Entahlah. Aina sendiri bingung dengan nasibnya dan kedua putranya, bergegas Aina bangkit dari duduknya lalu mendekat ke arah ranjang bayi sambil mengulas senyum memandang ke dua putranya yang kini diam seketika.

"Anak-anak ibu haus ya? Cup ... cup." Aina meraih ke dua putranya namun saat tangan Aina meraba punggung bayi mungil itu sudah basah karena mengompol.

Aina menoleh menatap Azam yang terlelap di atas ranjang, mengurus bayi kembar seorang diri bukan perkara mudah namun Azam mengabaikannya. Membelikan pempers saja Azam enggan dengan alasan uang di toko masih dalam pengiritan dan Azam pernah mengatakan tak mau lagi banyak mengeluarkan uang lebih banyak lagi karena untuk mahar saja ia sudah banyak menghabiskan uang.

Ibu dua anak itu hanya terdiam, seolah ini semua adalah salahnya.

Dengan cekatan tangan Aina mengantikan pakaian dua putra kembarnya lalu menidurkannya lagi setelah menyusui Saka dan Suga.

Detak jam terus berbunyi, Aina belum juga terlelap. Pikirannya terlalu banyak, saat ini Aina sedang memikirkan bagaimana caranya bisa menghasilkan uang dengan cepat tapi tidak mengeluarkan modal sama sekali. Pernah jadi kuli cuci tapi Intan marah-marah pada Aina karena mempermalukan dirinya dan Azam.

Kini tatapan Aina tertuju pada gawai Azam yang tergeletak di atas nakas, setelah beberapa kali bergetar.
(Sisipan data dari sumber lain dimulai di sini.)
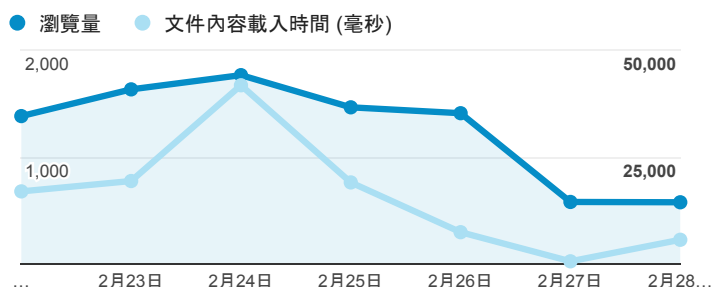

報表02_流量

2016年2月22日 - 2016年2月28日

所有使用者
100.00% 個工作階段

瀏覽量和文件內容載入時間 (毫秒)

瀏覽量和造訪

瀏覽量和不重複瀏覽量

造訪和新造訪率 (依 服務供應商 分組)

服務供應商	工作階段	瀏覽量
taipei taiwan	1,280	3,431
tamkang university	547	1,943
panchiao taipei hsien taiwan	140	237
taiwan fixed network co. ltd.	134	360
mobile business group	122	249
taiwan mobile co. ltd.	113	232
tfn media co. ltd.	100	279
kbro co. ltd.	63	208
chunghwa telecom data communication business gro up	60	140
taiwan academic network	58	131

造訪和瀏覽量 (依 分享網址 分組)

分享網址	工作階段	瀏覽量
teacher.tku.edu.tw/	447	1,886
teacher.tku.edu.tw/TchrSmy.aspx?cd=AK	41	111
teacher.tku.edu.tw/StfTchrSmy.aspx?tid=t777943	30	84
teacher.tku.edu.tw/TchrSmy.aspx?cd=TE	19	78
teacher.tku.edu.tw/FindTeacher.aspx?s=%E8%94%A1%E8%8B%B1%E7%8E%B2	18	23
teacher.tku.edu.tw/about.aspx	13	58
teacher.tku.edu.tw/StfTchrSmy.aspx?tid=t964890	12	14
teacher.tku.edu.tw/TchrSmy.aspx	12	49
teacher.tku.edu.tw/FindTeacher.aspx?s=%EF%BF%BD%EF%BF%BD%EF%BF%BD%EF%BF%BD	9	15
teacher.tku.edu.tw/StaffSummary.aspx	9	38

Aina bergeser sedikit lalu menyalakan gawai milik Azam. Ada beberapa pesan terlihat di layar termasuk pesan mesra dari seorang wanita.

"Sayang besok suamiku tak ada di rumah. Datang ya, Mas."

Samasekali tak ada rasa sedih di hati Aina saat membaca pesan yang ada di gawai suaminya itu, bukan Aina tak ada rasa cemburu tapi hatinya kini telah mati.

Jika tidak memikirkan tentang anaknya saat ini Aina ingin sekali bercerai dengan Azam tapi satu sisi lainnya Aina juga berpikir bagaimana jika ayah dan ibunya tahu, ke dua orang tua Aina pasti tidak akan setuju jika Aina bercerai dengan Azam karena menurut mereka perceraian bukalah hal terbaik.

Dalam hati kecil Aina, dirinya sungguh tidak ingin lagi tersiksa batin seperti saat ini. Semenjak kedatangan mertuanya itu membuat Aina seperti babu di rumah suaminya. Bukan hal mudah membuat hati selalu tabah menerima perlakuan buruk dari suami dan mertuanya tapi Aina akan mencoba untuk bertahan.